1397539 - H264 rendering fails after several calls

Reporter

Description

•

7 years ago

After making about 10-20 calls on http://mozilla.github.io/webrtc-landing/pc_test.html with "Require H264" turned on remote video no longer gets rendered.

I repeatedly start and stop the call without reloading the page.

After several starts (10-20?) the call connects according to about:webrtc and the ICE stats indicate that data gets exchanged, but both remote video elements never start rendering anything.

When in this "blank white" state I turn off "Require H264" I get proper video rendering (with VP8) again. But as soon as I turn "Require H264" back on rendering still fails.

Reloading the page does not solve the problem. Closing the tab and trying it in another tab does not solve the problem.

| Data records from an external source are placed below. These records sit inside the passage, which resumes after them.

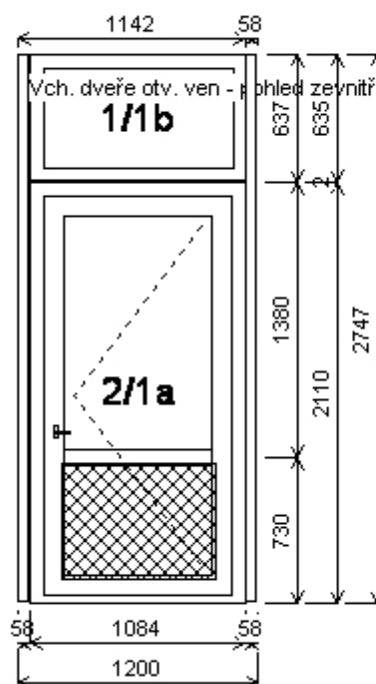

Pozice: 1/: Sestava

Rozměry rámu: 1200,0 x 2747,0 mm

Stavební otvor: 1220,0 x 2767,0 mm

Gealan S 8000 IQ standard

Pozice: 1a 1084,0x2110,0 mm 1 ks
 Základní cena: Jednodílné vchodové dveře
 Barva (ext/int): bílá standard
 Sleva 25,0% ze základní ceny

Množství: 1

Celkem:

Pozice: 2/: Jednodílné okno + příslušenství

Rozměry rámu: 1180,0 x 1450,0 mm

Stavební otvor: 1200,0 x 1500,0 mm

Gealan S 8000 IQ standard

Základní cena: Jednodílné okno
 Barva (ext/int): bílá standard
 Sleva 25,0% ze základní ceny

Množství: 1

Celkem:**Pozice: 3/: Jednodílné okno + příslušenství**

Rozměry rámu: 1180,0 x 1450,0 mm

Stavební otvor: 1200,0 x 1500,0 mm

Gealan S 8000 IQ standard

Základní cena: Jednodílné okno
 Barva (ext/int): bílá standard
 Sleva 25,0% ze základní ceny

Množství: 1

Celkem:

Pozice: 4/: Dvojdílné okno + příslušenství

Rozměry rámu: 1470,0 x 1450,0 mm

Stavební otvor: 1490,0 x 1500,0 mm

Gealan S 8000 IQ standard

Základní cena: Dvojdílné okno
 Barva (ext/int): bílá standard
 Sleva 25,0% ze základní ceny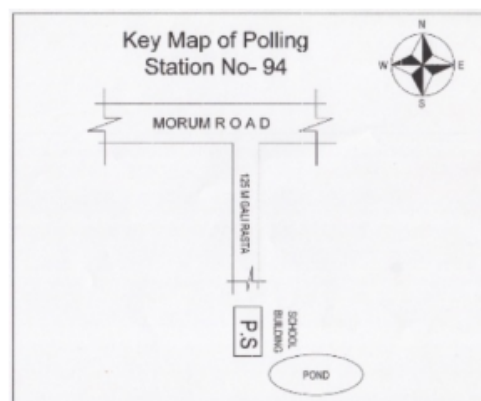

নির্বাচক নিবন্ধন আধিকারিকের স্বাক্ষর

Nazri Naksha

Google Map View

Polling Station Building Front View

Polling Station Front View

Cad View

Key MAP View

1 নাম : শুকুর সেখ পিতার নাম: ইসলাম সেখ বাড়ির নং : n0030 বয়স : 51 লিঙ্গ : পুরুষ	WB/42/292/450319	ফটো উপলব্ধ	2 নাম : কেরিমা খাতুন পিতার নাম: ইসলাম সেখ বাড়ির নং : n0030 বয়স : 61 লিঙ্গ : মহিলা	MYH2542983	ফটো উপলব্ধ	3 নাম : বাদাম পিতার নাম: বসির সেখ বাড়ির নং : n0025 বয়স : 30 লিঙ্গ : পুরুষ	AAF1702802	ফটো উপলব্ধ
4 নাম : সাজাহান সেখ পিতার নাম: বসির সেখ বাড়ির নং : n0025 বয়স : 31 লিঙ্গ : পুরুষ	AAF1593094	ফটো উপলব্ধ	5 নাম : মুরসিনা বিবি স্বামীর নাম: বসির সেখ বাড়ির নং : n0025 বয়স : 34 লিঙ্গ : মহিলা	AAF1486778	ফটো উপলব্ধ	6 নাম : বসির সেখ পিতার নাম: গোলাপ মোস্তাফা বাড়ির নং : n0025 বয়স : 54 লিঙ্গ : পুরুষ	AAF2259562	ফটো উপলব্ধ
7 নাম : নুরবান বেওয়া স্বামীর নাম: গোলাম মুস্তাফা সেখ বাড়ির নং : n0025 বয়স : 71 লিঙ্গ : মহিলা	AAF2259968	ফটো উপলব্ধ	8 নাম : নারগিস বিবি স্বামীর নাম: সাদের সেক বাড়ির নং : n0009 বয়স : 34 লিঙ্গ : মহিলা	AAF1486687	ফটো উপলব্ধ	9 নাম : আবুল খায়ের পিতার নাম: মহাসিন সেখ বাড়ির নং : n0009 বয়স : 42 লিঙ্গ : পুরুষ	MYH2224855	ফটো উপলব্ধ
10 নাম : জানেফা বেওয়া স্বামীর নাম: মাবুদ আলি বাড়ির নং : n0009 বয়স : 69 লিঙ্গ : মহিলা	MYH2224848	ফটো উপলব্ধ	11 নাম : নাজিমা বিবি স্বামীর নাম: আব্দুল ওহাব বাড়ির নং : n0146 বয়স : 57 লিঙ্গ : মহিলা	AAF2259216	ফটো উপলব্ধ	12 নাম : নেসপাতি বিবি স্বামীর নাম: শুকুর সেখ বাড়ির নং : n0030 বয়স : 44 লিঙ্গ : মহিলা	MYH2937084	ফটো উপলব্ধ
13 নাম : নজরুল সেখ পিতার নাম: সিরাজ সেখ বাড়ির নং : এন0013 বয়স : 33 লিঙ্গ : পুরুষ	MYH2937019	ফটো উপলব্ধ	14 নাম : তহমিনা বিবি স্বামীর নাম: নজরুল সেখ বাড়ির নং : এন0013 বয়স : 40 লিঙ্গ : মহিলা	MYH2937027	ফটো উপলব্ধ	15 নাম : আলিমদ্দিন সেখ পিতার নাম: সেরাজুল সেখ বাড়ির নং : n0013 বয়স : 32 লিঙ্গ : পুরুষ	AAF1486661	ফটো উপলব্ধ
16 নাম : রেবিকা খাতুন পিতার নাম: সিরাজুল সেখ বাড়ির নং : 1 বয়স : 33 লিঙ্গ : মহিলা	AAF1486679	ফটো উপলব্ধ	17 নাম : মতিনা খাতুন স্বামীর নাম: মহঃ আব্দুল কবির বাড়ির নং : এন0005 বয়স : 36 লিঙ্গ : মহিলা	AAF1593102	ফটো উপলব্ধ	18 নাম : আব্দুল কাদের আলী পিতার নাম: মহাসিন সেখ বাড়ির নং : চিঠিডাঙ্গা বয়স : 52 লিঙ্গ : পুরুষ	AAF2259471	ফটো উপলব্ধ
19 নাম : মিজানুর রহমান পিতার নাম: শুকুর সেখ বাড়ির নং : চিঠিডাঙ্গা বয়স : 21 লিঙ্গ : পুরুষ	AAF2901650	ফটো উপলব্ধ	20 নাম : মইনুল সেখ পিতার নাম: সিরাজ সেখ বাড়ির নং : এন0013 বয়স : 33 লিঙ্গ : পুরুষ	AAF1273150	ফটো উপলব্ধ	21 নাম : নাসিরা বিবি স্বামীর নাম: মইনুল সেখ বাড়ির নং : এন0013 বয়স : 33 লিঙ্গ : মহিলা	AAF1486638	ফটো উপলব্ধ
22 নাম : ইদেল সেখ পিতার নাম: মইনুল সেখ বাড়ির নং : এন0013 বয়স : 21 লিঙ্গ : পুরুষ	AAF2918878	ফটো উপলব্ধ	23 নাম : আয়েসা সুলতানা স্বামীর নাম: আরিফুল ইসলাম বাড়ির নং : N0025 বয়স : 25 লিঙ্গ : মহিলা	AAF2647477	ফটো উপলব্ধ	24 নাম : সাদের আলি পিতার নাম: মইনুল সেখ বাড়ির নং : এন0009 বয়স : 33 লিঙ্গ : পুরুষ	AAF2568681	ফটো উপলব্ধ
25 নাম : মহঃআব্দুল কবির পিতার নাম: আলি মোরতুজা বাড়ির নং : এন0005 বয়স : 42 লিঙ্গ : পুরুষ	MYH2542868	ফটো উপলব্ধ	26 নাম : বানোরা খাতুন বিবি স্বামীর নাম: আবুল খায়ের বাড়ির নং : n0009 বয়স : 29 লিঙ্গ : মহিলা	AAF1886167	ফটো উপলব্ধ	27 নাম : আকলিমা বিবি স্বামীর নাম: আব্দুল কাদের আলী বাড়ির নং : চিঠিডাঙ্গা বয়স : 45 লিঙ্গ : মহিলা	MYH2937035	ফটো উপলব্ধ
28 নাম : মোতাহার হোসেন পিতার নাম: রুদ্রোত আলী বাড়ির নং : n0004 বয়স : 29 লিঙ্গ : পুরুষ	AAF1803766	ফটো উপলব্ধ	29 নাম : সায়েম আলি পিতার নাম: মহঃ আতাবুদ্দিন বাড়ির নং : নিউ বয়স : 25 লিঙ্গ : পুরুষ	AAF2647220	ফটো উপলব্ধ	30 নাম : পারভিনা খাতুন পিতার নাম: মহঃ আকবর আলী বাড়ির নং : এন0003 বয়স : 29 লিঙ্গ : মহিলা	AAF1886175	ফটো উপলব্ধ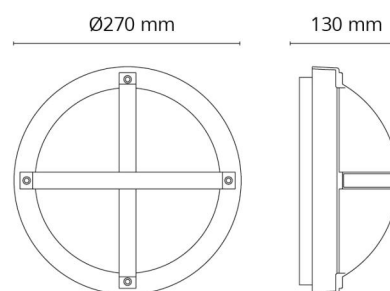

Mått

Höjd (mm) H: 130
 Diameter (mm) D: 270
 Djup (D): 130
 Vikt (kg) brutto/netto: 2 / 1.681

Förpackning

Förpackning mått (mm): 270 x 270 x 130

7 0 2 1 9 8 6 4 1 5 5 0 6

This is with OpenH264 1.6, but also with the upcoming 1.7.1 releases.

Nils Ohlmeier [:drno]

Reporter

Comment 1

•

7 years ago

I create a test page to repro this: https://nils-ohlmeier.github.io/webrtc-landing/pc_test_loop_h264.html

- Open the link
- give access to cam and click the check box for future permission

On my first try it took 27 connections until I start to see white boxes for both remote videos (the bigger videos).

about:webrtc suggests that no RTP gets exchanged (neither send or received) once this stage has been reached.

URL: https://nils-ohlmeier.github.io/webrt...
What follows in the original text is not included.